An efficient monitoring action needs a good dataset. Start with the data that is already available, from institutional and civic sources, i.e. data produced by public institutions or administrations and data produced by civic actors like NGOs, journalists, researchers, etc.

During a monitoring action, your group will find different types of data, which provide different information: some data refers to ‘who’ takes part in the decision-making process and who are the actors/stakeholders involved. Other data may concern the ‘what’ of the topic; i.e., the content of the decisions, the numerical and descriptive information on what you want to analyse. There is also data that may describe, for instance, ‘how’ the issue is tackled, and the amount of money allocated. Some data may contain the time information related to the topic (the ‘when’), while others may be related to the ‘why’; i.e., they contain information on why public decision-makers made certain choices.

Remember, the data should be open, freely accessible and machine-readable. Furthermore, the information should be published in a way that facilitates its use and cross-referencing with other microdata.


When looking for public data, the first step is to identify which institutions or public administrations are responsible for publishing the data about the topic you are interested in. The data should be found on the public administration’s website or portals: there may be a specific section, or use the ‘search’ function. Likewise, you may find the phone number and the email address of the head of the office that deals with your topic, in case you want to contact them. Read the data you found carefully and try to understand it. This may not be an easy task, as the data may be numerous, very complex, and sometimes poorly organised.

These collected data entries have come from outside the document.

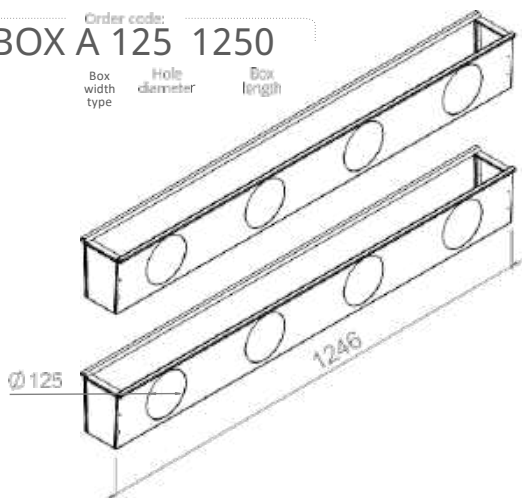

**SUITABLE FOR LINE AND LINE PERFORMANCE DIFFUSERS:  
1/12, 1/18, 2/12, 2/18, 1/20 P**

**“V” SHAPE INSULATED**

Order code:  
**VTBOX A 125 625**

Box width type    Hole diameter    Box length

Order code:  
**VTBOX A 160 625**

Box width type    Hole diameter    Box length

Order code:  
**VTBOX A 125 1000**

Box width type    Hole diameter    Box length

Order code:  
**VTBOX A 160 1000**

Box width type    Hole diameter    Box length

Order code:  
**VTBOX A 125 1250**

Box width type    Hole diameter    Box length

Order code:  
**VTBOX A 160 1250**

Box width type    Hole diameter    Box length

**SUITABLE FOR LINE AND LINE PERFORMANCE DIFFUSERS:  
3/12, 3/18, 2/20 P**

**“V” SHAPE INSULATED**

Order code:  
**VTBOX B 125 625**

Box width type Hole diameter Box length

Order code:  
**VTBOX B 160 625**

Box width type Hole diameter Box length

Order code:  
**VTBOX B 125 1000**
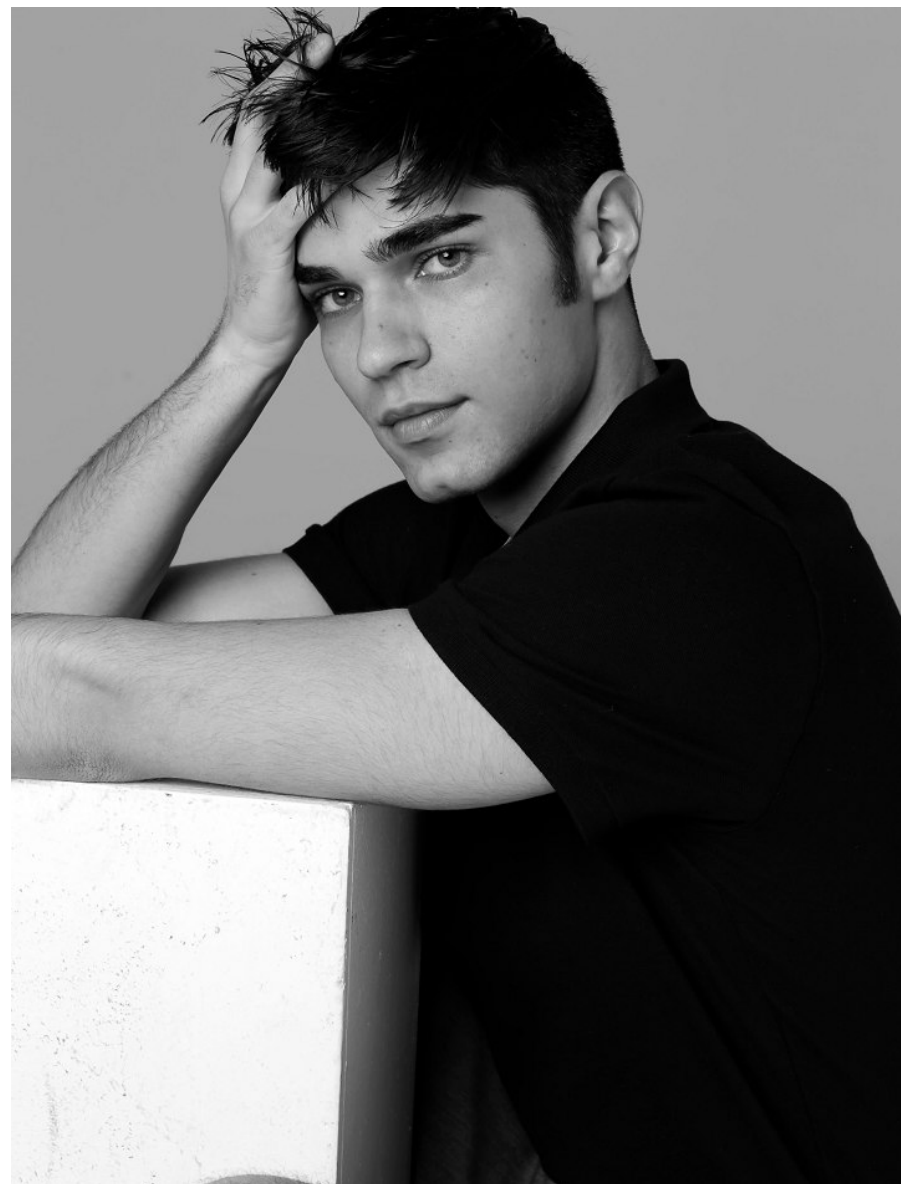

WILHELMINA DENVER

ROBERT IORDACHE

Height 6'0" Chest 37" Waist 32" Inseam 32" Suit 38" Suit Length L Shoe 10.5 US Hair Black Eyes Green

WILHELMINA DENVER

ROBERT IORDACHE

Height 6'0" Chest 37" Waist 32" Inseam 32" Suit 38" Suit Length L Shoe 10.5 US Hair Black Eyes Green

ROBERT IORDACHE

Height 6'0" Chest 37" Waist 32" Inseam 32" Suit 38" Suit Length L Shoe 10.5 US Hair Black Eyes Green

WILHELMINA DENVER

ROBERT IORDACHE

Height 6'0" Chest 37" Waist 32" Inseam 32" Suit 38" Suit Length L Shoe 10.5 US Hair Black Eyes Green

ROBERT IORDACHE

Height 6'0" Chest 37" Waist 32" Inseam 32" Suit 38" Suit Length L Shoe 10.5 US Hair Black Eyes Green
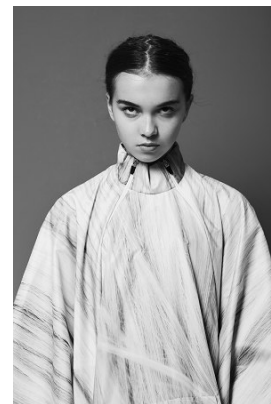

—
STELLA
MODELS

www.stellamodels.com

HEIGHT	BUST	DRESS	WAIST	HIPS	SHOES	HAIR	EYES
172	79	34	56	81	38	BROWN	BROWN
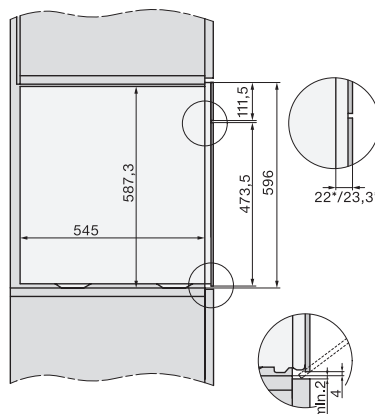

ESW7x10, EVS7010, DGC7x6xHCPro, DGC7x6xHCXPro installation drawings

built-in DGC XXL, installation drawing

built-in DGC XXL build-under, installation drawing

screw joint DGC XXL, installation drawing

DGC7x4x Schwenkbereich der Blende, installation drawings

side view DGC XXL, installation drawings
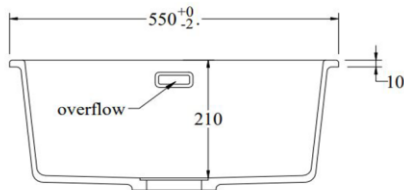

Aura Granite 500mm Single Kitchen Sink

GA54MW

Aura Granite 500mm Single Kitchen Sink Matte White

Single kitchen sink insert in a matte white finish engineered stone quartz

Waste and overflow kit in brushed stainless included, colour upgrade option available in matte black, gun metal, brushed brass and brushed copper

500w x 400h x 210d (mm), approx 36L bowl

Stain resistant

Sound insulated

Note: Can be either installed via top mount or undermount installation

CARE AND USE

Aura Sinks & Accessories

All finishes are smooth, abrasion resistant, corrosion resistant, fade-proof and easy to clean. All finishes are super hard wearing surfaces that won't chip, peel or tarnish with normal use. All surfaces should be regularly wiped clean with non scouring, neutral wash solutions.

LIMITED PRODUCT WARRANTIES

To be read in conjunction with and subject to all terms and conditions contained in the Waterware 'Producer Statement' available on-line (<http://www.waterware.co.nz/media-downloads>) From date of purchase, Waterware Services warrants products from the following categories to be free from manufacturing defect subject to exclusions (if applicable):

Category	Domestic Installations	Commercial Installations	Exclusions	Wels
Aura Sinks	2 years parts/labour + 8 years parts only	1 year parts and labour + 1 year parts only	None	Not required

For this reason, experts like associations, academics, journalists and analysts can help you transform the collected data into useful information. It may also help to systematise the data with the group, perhaps creating a spreadsheet to make the reading process easier. 

You can also look for other civic initiatives that have already produced civic data on the topic, searching their websites, transparency portals and social networks for more data and news. In addition, you could contact them to join forces in your monitoring action. 

To understand how to find data, among the activities you will also find a data searching simulation which may provide confidence to the youth group in their data collection process.